- Try it
Would you mind restating all of the records word for word, skipping the pictures?

(Data records)
──────

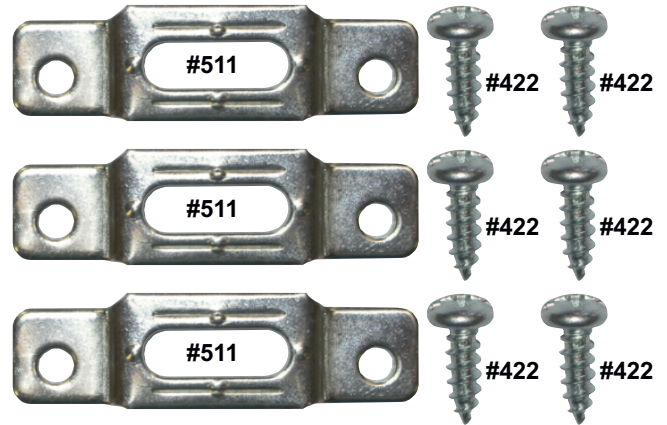

WOOD & METAL SECURITY HANGERS

Perfect for hotels/motels and public places where security is needed for wood mouldings. Quickly locks objects to walls and easily removes for paintings, maintenance and metal remodeling.

For Wood Mouldings - This tamper resistant hanger is for wood moulding where security is desired.

ALL ILLUSTRATIONS SHOWN APPX. ACTUAL SIZE

Item #504 Single poly bag

Includes:
Slide-in Mounting Brackets #510 (2 each), Security T-Screw #509 (1 each), Wall Anchors #547 for T-Screws (1 each), Security Slotted Brackets #511 (3 each), 1/2" x #6 Phillips Pan Head SMS screws #422 (6 each), 1" x #8 Phillips Head, Pan Head SMS screws #426 (2 each), White Anchor #516 (2 each).
Need to order wrench #508 (see below).

Item #505 Bulk for 100 Wood frames.

Includes:
Slide-in Mounting Brackets #510 (200 each), Security T-Screw #509 (100 each), Wall Anchors #547 for T-Screws (100 each), Security Slotted Brackets #511 (300 each), 1/2" x #6 Phillips Pan Head SMS screws #422 (600 ea), 1" x #8 Phillips Head, Pan Head SMS screws #426 (200 each), White Anchor #516 (200 each).
Includes wrench #508 (see below).

For Metal Mouldings - These fit any common metal moulding profile.

ALL ILLUSTRATIONS SHOWN APPX. ACTUAL SIZE

Item #506 Single poly bag.

Includes:
Slide-in Mounting Brackets #510 (2 each), Security T-Screws #509 (1 each) Wall Anchors #547 for T-Screws (1 each), 1" x #8 Phillips Head, Pan Head SMS screws #426 (2 each), White Anchor #516 (2 each).
Need to order wrench #508 (see below).
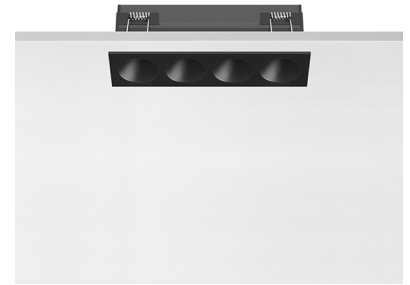

LIGHT SHADOW FIXED TRIM DALI VERSION 4 SPOTS OPTIC MEDIUM

Mounting	Ceiling recessed
Lamps description	Power LED 10,8W 1040 lm 2700K CRI 90
Luminaire luminous flux	Extreme Cut-off. See reference number
Environment	Indoor
Notes	Pre-installation frame not required.

PHYSICAL

Length (mm)	147
Recessed depth (mm)	75
Weight (kg)	0,34

Light Shadow Fixed Trim Dali Version 4 Spots Optic Medium

designed by FLOS Architectural

Recessed integrated luminaire with 4 LED lighting spots. Remote power supply included.

CERTIFICATIONS

Light Shadow Fixed Trim Dali Version 4 Spots Optic Medium . Lamps

Power LED

Lamp category:
LED

Socket:
Special base

Lamp type:
Power LED

Light Shadow Fixed Trim Dali Version 4 Spots Optic Medium

designed by FLOS Architectural

Recessed integrated luminaire with 4 LED lighting spots. Remote power supply included.

-  03.9120.40.DA - 790lm White / White
-  03.9120.14.DA - 790lm Black / White
-  03.9122.40.DA - 801lm White / Chrome
-  03.9122.14.DA - 801lm Black / Chrome
-  03.9123.40.DA - 786lm White / Matt Gold
-  03.9123.14.DA - 786lm Black / Matt Gold
-  03.9121.40.DA - 776lm White / Black
-  03.9121.14.DA - 776lm Black / Black
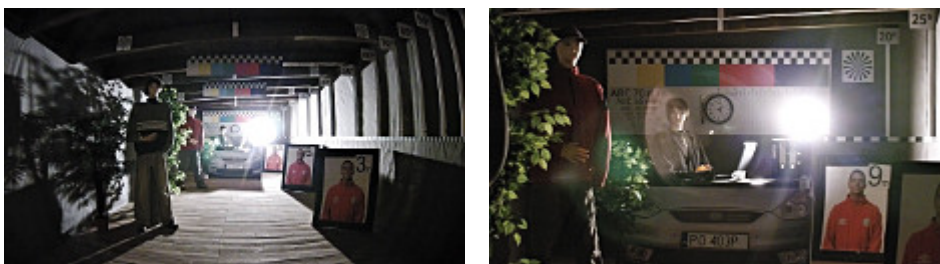

Camera image at direct strong light opposite to camera:
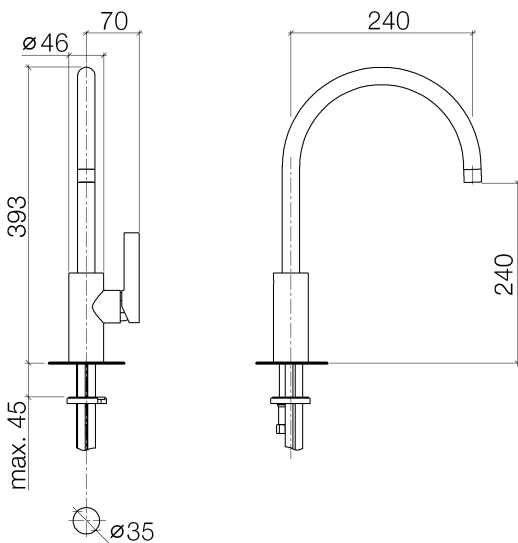

Kitchen sink - Tara Ultra
Single-lever mixer - polished chrome
Article number: 33 826 875-00 0010

- 9-1/2" Projection
- Swiveling spout 360°
- Areated stream
- Total height 15-1/2"
- Height to aerator/spout outlet 9-1/2"
- Single-lever mixer hole diameter 1-3/8"
- 2x 3/8" US flexible supply lines
- Water flow rate limited to max. 1.5 gpm
- lead-free
- (ADA)

polished chrome

Dimensional drawing

All dimensions in mm / inch = mm x 0,0394

Kitchen sink - Tara Ultra
Single-lever mixer - polished chrome
Article number: 33 826 875-00 0010

Flow rate chart

Kitchen sink - Tara Ultra
Single-lever mixer - polished chrome
Article number: 33 826 875-00 0010

Kitchen sink - Tara Ultra
 Single-lever mixer - polished chrome
 Article number: 33 826 875-00 0010

Spare parts list

Number	Item Number	Designation	Number of units
1	90 28 22 202 03-00	Outlet - polished chrome	1
2	90 23 01 004 02-00	Aerator - polished chrome	1
3	09 30 30 080 90	Mounting bracket -	1
4	90 15 05 034 00 90	cartridge -	1
5	09 24 04 107-00	Wall connection - polished chrome	1
6	09 31 20 017 90	Plug for European drain -	1
7	09 31 11 030 90	Mounting bracket -	1
8	09 20 79 040-00	Lever - polished chrome	1
9	04 24 02 046 01-07	Wall connection - Rough nickel-plated	1
10	04 30 04 019 00 90	Flexible supply line -	1
11	04 30 04 045 00 90	Flexible supply line 3/8" -	2
12	04 30 11 038 75 90	Mounting bracket -	1
13	09 31 11 091 90	Mounting bracket -	1
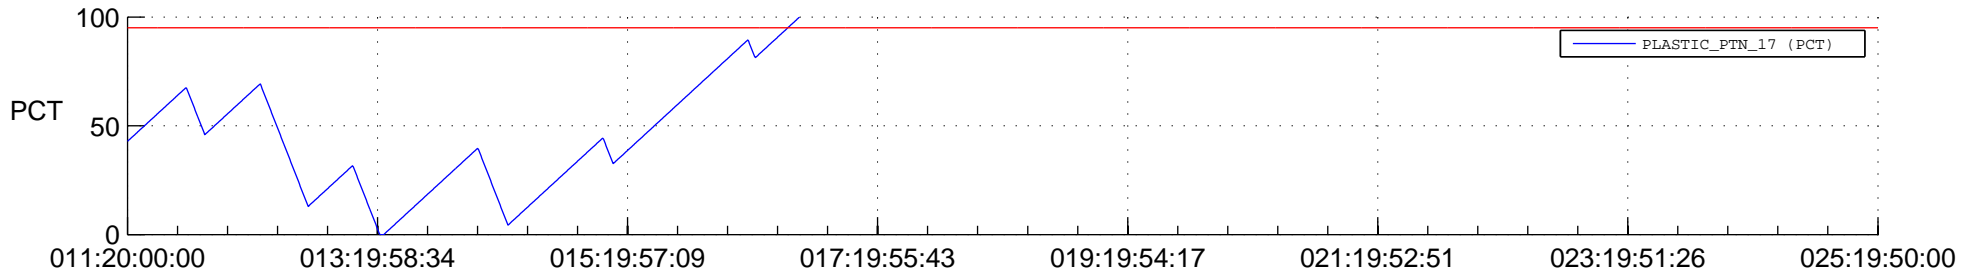

STEREO AHEAD SSR PCT Full Prediction

SWAVES_Percent_Full_Prediction

IMPACT_Percent_Full_Prediction

PLASTIC_Percent_Full_Prediction

Spacecraft_DownLink_Rate

Ground Time (2013:011:20:00:00.000 -2013:025:19:50:00.000)
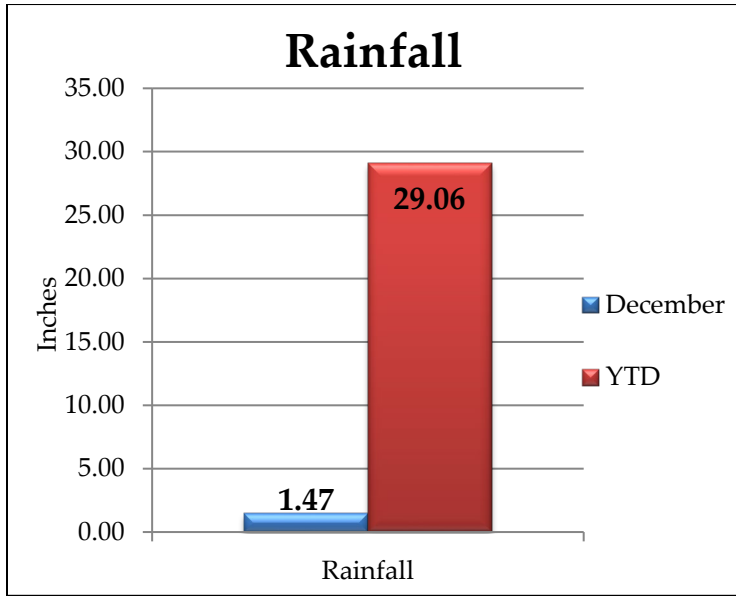

River Falls Stormwater Dashboard

For December 2018

Monthly Rainfall

Rain Barrels Sold

Yearly Rainfall Totals

River Falls Stormwater Dashboard

Outfalls, Ponds and Structures

Outfalls, Ponds, and Structures Inspected - December

──────

- Answer area
WOOD & METAL SECURITY HANGERS

Perfect for hotels/motels and public places where security is needed for wood mouldings. Quickly locks objects to walls and easily removes for paintings, maintenance and metal remodeling.

For Wood Mouldings - This tamper resistant hanger is for wood moulding where security is desired.

ALL ILLUSTRATIONS SHOWN APPX. ACTUAL SIZE

Item #504 Single poly bag

Includes:
Slide-in Mounting Brackets #510 (2 each), Security T-Screw #509 (1 each), Wall Anchors #547 for T-Screws (1 each), Security Slotted Brackets #511 (3 each), 1/2" x #6 Phillips Pan Head SMS screws #422 (6 each), 1" x #8 Phillips Head, Pan Head SMS screws #426 (2 each), White Anchor #516 (2 each).
Need to order wrench #508 (see below).

Item #505 Bulk for 100 Wood frames.

Includes:
Slide-in Mounting Brackets #510 (200 each), Security T-Screw #509 (100 each), Wall Anchors #547 for T-Screws (100 each), Security Slotted Brackets #511 (300 each), 1/2" x #6 Phillips Pan Head SMS screws #422 (600 ea), 1" x #8 Phillips Head, Pan Head SMS screws #426 (200 each), White Anchor #516 (200 each).
Includes wrench #508 (see below).

For Metal Mouldings - These fit any common metal moulding profile.

ALL ILLUSTRATIONS SHOWN APPX. ACTUAL SIZE

Item #506 Single poly bag.

Includes:
Slide-in Mounting Brackets #510 (2 each), Security T-Screws #509 (1 each) Wall Anchors #547 for T-Screws (1 each), 1" x #8 Phillips Head, Pan Head SMS screws #426 (2 each), White Anchor #516 (2 each).
Need to order wrench #508 (see below).

LIGHT SHADOW FIXED TRIM DALI VERSION 4 SPOTS OPTIC MEDIUM

Mounting	Ceiling recessed
Lamps description	Power LED 10,8W 1040 lm 2700K CRI 90
Luminaire luminous flux	Extreme Cut-off. See reference number
Environment	Indoor
Notes	Pre-installation frame not required.

PHYSICAL

Length (mm)	147
Recessed depth (mm)	75
Weight (kg)	0,34

Light Shadow Fixed Trim Dali Version 4 Spots Optic Medium

designed by FLOS Architectural

Recessed integrated luminaire with 4 LED lighting spots. Remote power supply included.

CERTIFICATIONS

Light Shadow Fixed Trim Dali Version 4 Spots Optic Medium . Lamps

Power LED

Lamp category:
LED

Socket:
Special base

Lamp type:
Power LED

Light Shadow Fixed Trim Dali Version 4 Spots Optic Medium

designed by FLOS Architectural

Recessed integrated luminaire with 4 LED lighting spots. Remote power supply included.

-  03.9120.40.DA - 790lm White / White
-  03.9120.14.DA - 790lm Black / White
-  03.9122.40.DA - 801lm White / Chrome
-  03.9122.14.DA - 801lm Black / Chrome
-  03.9123.40.DA - 786lm White / Matt Gold
-  03.9123.14.DA - 786lm Black / Matt Gold
-  03.9121.40.DA - 776lm White / Black
-  03.9121.14.DA - 776lm Black / Black

Camera image at direct strong light opposite to camera:

Kitchen sink - Tara Ultra
Single-lever mixer - polished chrome
Article number: 33 826 875-00 0010

- 9-1/2" Projection
- Swiveling spout 360°
- Areated stream
- Total height 15-1/2"
- Height to aerator/spout outlet 9-1/2"
- Single-lever mixer hole diameter 1-3/8"
- 2x 3/8" US flexible supply lines
- Water flow rate limited to max. 1.5 gpm
- lead-free
- (ADA)

polished chrome

Dimensional drawing

All dimensions in mm / inch = mm x 0,0394

Kitchen sink - Tara Ultra
Single-lever mixer - polished chrome
Article number: 33 826 875-00 0010

Flow rate chart

Kitchen sink - Tara Ultra
Single-lever mixer - polished chrome
Article number: 33 826 875-00 0010

Kitchen sink - Tara Ultra
 Single-lever mixer - polished chrome
 Article number: 33 826 875-00 0010

Spare parts list

Number	Item Number	Designation	Number of units
1	90 28 22 202 03-00	Outlet - polished chrome	1
2	90 23 01 004 02-00	Aerator - polished chrome	1
3	09 30 30 080 90	Mounting bracket -	1
4	90 15 05 034 00 90	cartridge -	1
5	09 24 04 107-00	Wall connection - polished chrome	1
6	09 31 20 017 90	Plug for European drain -	1
7	09 31 11 030 90	Mounting bracket -	1
8	09 20 79 040-00	Lever - polished chrome	1
9	04 24 02 046 01-07	Wall connection - Rough nickel-plated	1
10	04 30 04 019 00 90	Flexible supply line -	1
11	04 30 04 045 00 90	Flexible supply line 3/8" -	2
12	04 30 11 038 75 90	Mounting bracket -	1
13	09 31 11 091 90	Mounting bracket -	1

STEREO AHEAD SSR PCT Full Prediction

SWAVES_Percent_Full_Prediction

IMPACT_Percent_Full_Prediction

PLASTIC_Percent_Full_Prediction

Spacecraft_DownLink_Rate

Ground Time (2013:011:20:00:00.000 -2013:025:19:50:00.000)

River Falls Stormwater Dashboard

For December 2018

Monthly Rainfall

Rain Barrels Sold

Yearly Rainfall Totals

River Falls Stormwater Dashboard

Outfalls, Ponds and Structures

Outfalls, Ponds, and Structures Inspected - December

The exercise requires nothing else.